__Stored dataset items__.
== Segment start ==
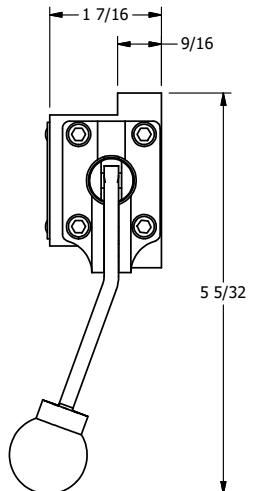

4

3

2

1

B

B

A

A

AAA
PRODUCTS
INTERNATIONAL

**AAA PRODUCTS
INTERNATIONAL**
7114 Harry Hines Blvd
Dallas, TX 75235

TITLE: 3/8" SUBPLATE, LEVER, 3 POS,
SPR CLSD CTR,
BENT LVR RT, 270D LVR

DRAWING NO.:
DIM_HY3PBRRT

THE INFORMATION CONTAINED WITHIN THIS DOCUMENT IS PROPRIETARY TO AAA PRODUCTS AND MAY NOT BE DISCLOSED WITHOUT PRIOR WRITTEN CONSENT
== Segment end ==
__Task instructions__. Write out only those lines that fall between the one containing "7114 Harry Hines Blvd" and the end of the entries, the first and last included, exactly as they read.

__Response box__.
7114 Harry Hines Blvd
Dallas, TX 75235

TITLE: 3/8" SUBPLATE, LEVER, 3 POS,
SPR CLSD CTR,
BENT LVR RT, 270D LVR

DRAWING NO.:
DIM_HY3PBRRT

THE INFORMATION CONTAINED WITHIN THIS DOCUMENT IS PROPRIETARY TO AAA PRODUCTS AND MAY NOT BE DISCLOSED WITHOUT PRIOR WRITTEN CONSENT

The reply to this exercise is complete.